Says Twitter: "We're working through tweaks to our system in order to provide greater stability at a time when we're facing record traffic ... As we go through
this process, we have uncovered unexpected deeper issues and have even caused inadvertent downtime as a result of our attempts to make changes."
Notes The Times' Bits blog: "Twitter has said in the past that the company has a difficult task at
hand: trying to update and manage the site as it continues to grow at an intense pace."
Still, "It's a big embarrassment for a company that, over the past year or two, has
managed to clean up its reputation for technical instability and that this spring one-upped critics by unveiling a business model that looks like it might actually work," writes CNet's The Social blog.
"Short-form, rapid-fire digital communication, particularly in a form easily
translated to rudimentary mobile devices, is here to stay, and Twitter will invariably be remembered as the company that birthed this phenomenon," The Social adds. "But we've seen before that the
company has been thrown into situations for which it was neither technologically nor logistically prepared."
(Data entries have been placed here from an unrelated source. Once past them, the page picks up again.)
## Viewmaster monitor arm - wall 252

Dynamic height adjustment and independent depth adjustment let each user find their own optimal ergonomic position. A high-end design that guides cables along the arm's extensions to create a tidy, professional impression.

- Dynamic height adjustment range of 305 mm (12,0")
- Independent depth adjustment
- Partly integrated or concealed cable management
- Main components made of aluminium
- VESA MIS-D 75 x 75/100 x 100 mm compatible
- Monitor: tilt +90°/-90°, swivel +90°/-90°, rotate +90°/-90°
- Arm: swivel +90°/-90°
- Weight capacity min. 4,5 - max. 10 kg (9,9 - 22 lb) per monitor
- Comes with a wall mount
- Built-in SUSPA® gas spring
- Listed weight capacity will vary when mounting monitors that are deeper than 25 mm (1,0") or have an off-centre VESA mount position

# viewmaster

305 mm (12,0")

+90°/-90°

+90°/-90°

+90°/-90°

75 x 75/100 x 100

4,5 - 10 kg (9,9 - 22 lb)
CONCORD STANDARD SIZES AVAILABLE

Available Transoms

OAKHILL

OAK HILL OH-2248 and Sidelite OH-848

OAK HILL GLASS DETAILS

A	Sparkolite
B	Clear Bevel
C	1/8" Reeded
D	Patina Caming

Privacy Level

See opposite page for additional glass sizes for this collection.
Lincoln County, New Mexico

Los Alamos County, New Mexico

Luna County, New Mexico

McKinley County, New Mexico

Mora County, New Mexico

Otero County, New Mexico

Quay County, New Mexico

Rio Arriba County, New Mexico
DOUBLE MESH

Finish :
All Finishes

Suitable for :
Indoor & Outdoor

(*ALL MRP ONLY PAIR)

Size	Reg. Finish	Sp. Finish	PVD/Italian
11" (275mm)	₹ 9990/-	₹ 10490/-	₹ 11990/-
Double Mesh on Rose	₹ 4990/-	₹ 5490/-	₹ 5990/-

Under the headline, "Does the World Need More Than One Twitter?" GigaOm asks: "Can Twitter handle its emerging status as the world's real-time communications network, or does it need
help?"
Put another way, "Could one company handle all the email in the world?" GigaOm wants to know. "If [microblogging is] as important a service as it seems to have become
(or is becoming), should it be looked at as part of a larger infrastructure, the way Ethernet or TCP/IP was in the early days of the Internet, or like IMAP and POP for email?"
Yet, for
this grand speculation and condemnation, The Los Angeles Times says simply: "Most users shrug off the glitches."